WHAT IS BEING ASKED → Leaving out the images, please output every entry exactly as it appears.
----
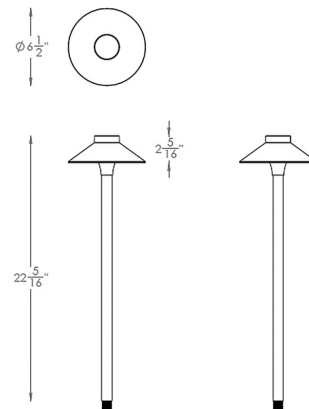

CLICK TO VIEW PRODUCT

Notes:
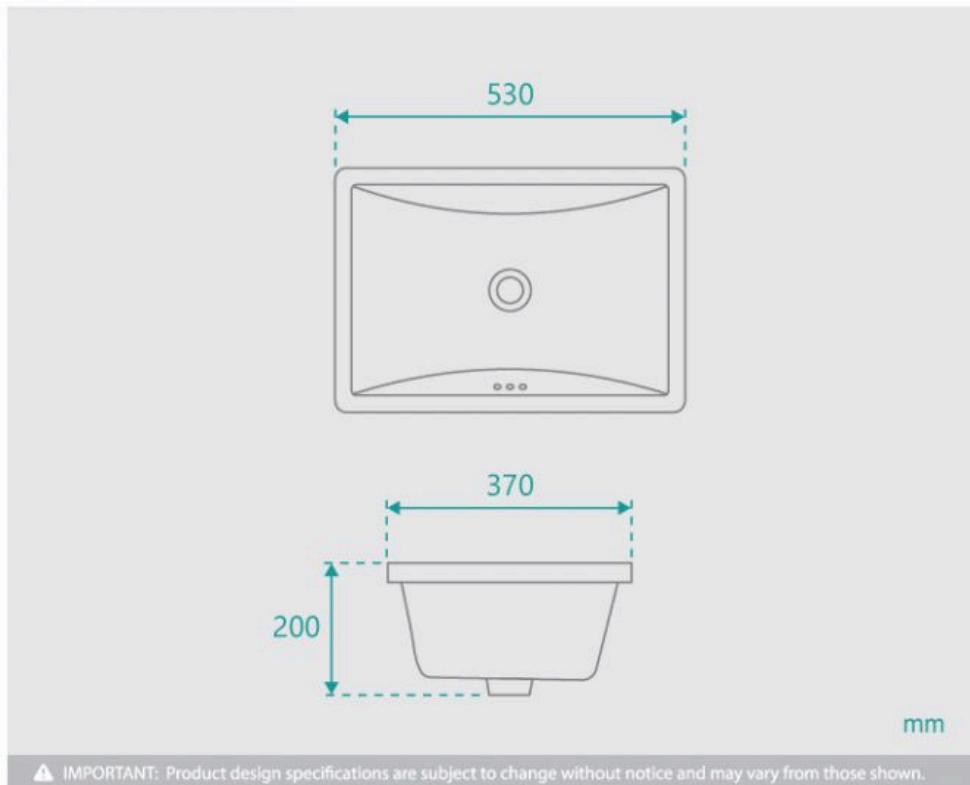

Hudson Undermount Ceramic Basin Large

SKU#: RM-2026

\$111.20

~~139~~

WASTE OPTION

Basin Size: 530mm x 370mm x 200mm

Basin Type: Undermounted Basin

Construction: Ceramic

Finish: White High Gloss

Overflow Outlet: Yes

Waste Size: 32mm

Warranty: 5 Year Product Warranty

The Hudson ceramic basin is your go-to choice for creating a minimalist bathroom. The under mount structure allows the basin to be tucked under the benchtop to achieve a sleek design and show off your beautiful stone tops. With a three-hole overflow design and a large-sized ceramic bowl, this basin provides ample space for your daily washing that is optimal for family-sized bathrooms.

The basins need to be fixed to the stone top as part of installation.

**Please note that for ceramic products, specifications must allow +/- 10 mm tolerance for manufacturing variance, it is recommended to use measurements of the actual product received. Colours displayed online may appear different due to screen settings.*
----
RESULT OF THIS TASK →
CLICK TO VIEW PRODUCT

Notes:

Hudson Undermount Ceramic Basin Large

SKU#: RM-2026

\$111.20

~~139~~

WASTE OPTION

Basin Size: 530mm x 370mm x 200mm

Basin Type: Undermounted Basin

Construction: Ceramic

Finish: White High Gloss

Overflow Outlet: Yes

Waste Size: 32mm

Warranty: 5 Year Product Warranty

The Hudson ceramic basin is your go-to choice for creating a minimalist bathroom. The under mount structure allows the basin to be tucked under the benchtop to achieve a sleek design and show off your beautiful stone tops. With a three-hole overflow design and a large-sized ceramic bowl, this basin provides ample space for your daily washing that is optimal for family-sized bathrooms.

The basins need to be fixed to the stone top as part of installation.

**Please note that for ceramic products, specifications must allow +/- 10 mm tolerance for manufacturing variance, it is recommended to use measurements of the actual product received. Colours displayed online may appear different due to screen settings.*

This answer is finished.